The argument for it being a classic:
Well, you can't argue with results, Middlesex's fans say; this did win the 2002 Pulitzer Freaking Prize, after all, considered by many to be the most prestigious literary award on the planet, not to mention the more important honor of being picked a few years later for the Blessed and Glorious Oprah's Book Club Hallowed Be Her Name Amen. And it's easy to see why once you read the book, its fans say -- because Eugenides has a naturally clear yet engaging writing style, telling funny and sad stories that many people can relate to but always in a highly original way. The signs are clear that this will eventually be considered a classic anyway, fans claim, so we might as well start treating it like one now.

The argument against:
Now, there's a much different argument to be spelled out by this book's critics; they'll claim that Middlesex is actually two novels mashed together, with it being obvious that Eugenides started by writing a tight, inventive, very delightful 150-page novel about the hermaphrodite main character him/herself, currently serving as the last 150 pages of this 550-page book.
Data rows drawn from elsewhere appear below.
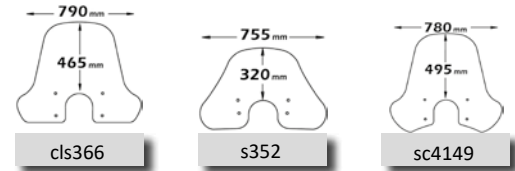

Codice Part.no	Descrizione- Description	Colori Colors	Prezzo Price	Spessore Thickness
s352	Parabrezza Summer "summer" windshield	t	€ 62,00	3mm
a/712	Attacco Fitting kit	-	€ 40,00	-
cls366	Parabrezza classic Windshield Classic	t	€ 57,00	3mm
a/712	Attacco Fitting kit	-	€ 40,00	-

Parabrezza Classic SENZA GRAFICHE STAMPATE
Parabrezza Alta Protezione CON GRAFICHE STAMPATE
Classic windshield without GRAPHICS PRINTED
High protection WITH PRINTED GRAPHICS

sc4062

Codice Part.no	Descrizione- Description	Colori Colors	Prezzo Price	Spessore Thickness
sc4062	Parabrezza di ricambio tipo originale senza attacco Windshield original type without fitting kit	t	€ 55,00	3mm
a/743	Attacco Fitting kit	-	€ 36,00	-

Parabrezza TIPO ORIGINALE SENZA grafiche stampate. SI MONTA SIA SUGLI ATTACCHI ORIGINALI CHE CON NOSTRO A/743
Windshield original type WITHOUT printed graphics. CAN BE FITTED TO THE ORIGINAL POINTS AS WELL AS ON OUR FITTING KIT A/743

Ah, but then someone like Eugenides' agent or publicist must've said something like, "Jeff, baby, we can't sell this as a potential Pulitzer winner if it's only 150 pages! And hey, don't you know how hot quirky epic novels about the immigrant experience are these days? So why don't you, I don't know, tack another 400 pages onto the beginning of this, 400 pages that have absolutely nothing to do with your original novel but is instead a sitcom-worthy look at the utterly stereotypical lives of the generations that came before the hermaphrodite, a story so hackneyed and obvious that we might as well retitle the book My Big Fat Greek Film-Rights Paycheck? Yeah, that's the ticket!" And thus do you end up with this mishmash of a trainwreck, the critics say, something not quite a clever magical-realism tale for the hipsters and not quite a heartwarming family tale for the Oprah mouthbreathers, that only won the Pulitzer in the first place because of the political correctness of the Millennial years.

My verdict:
So first let me admit that I had no idea this book had been written in 2002, until I sat down to actually read it; there's been so many amazing things said about it in the last few years, after all, I had mistakenly assumed that it was 40 or 50 years old at this point, a mistake I won't be repeating in the future. And indeed, this is why those who love "classics" lists love them with such an intensity, and why the most important criterion for all these lists seems to be whether the book has stood the test of time; because just to use today's book as an example, in this case the critics are right, with it hard to tell if this book didn't get the accolades it did simply because the academic community in the late 1990s and early 2000s was searching so desperately at the time for weighty family sagas about the immigrant experience, written by people of color with immigrant backgrounds who just happened to have academic cred (which Eugenides has -- he's a literature professor at Princeton, just like our old friend Joyce Carol Oates).

In 50 years, will people look back on books like this one and sadly shake their heads, asking each other, "What were all those PC freaks at the turn of the century thinking, anyway?" It's hard to answer a question like that right now, a mere half a decade since the book came out in the first place (although I have a strong suspicion what the answer will eventually be); and this is why books that are less than 30 or 40 years old generally are not considered for such classics lists, because it's simply impossible to gauge ahead of time how well they will stand up over the decades. It's why I'm giving Middlesex today a definitive "no" to the question of whether it's a classic, and even warning readers that it's not a very good novel in general either, especially for a Pulitzer winner. A real disappointment today, probably my biggest since starting this essay series back in January.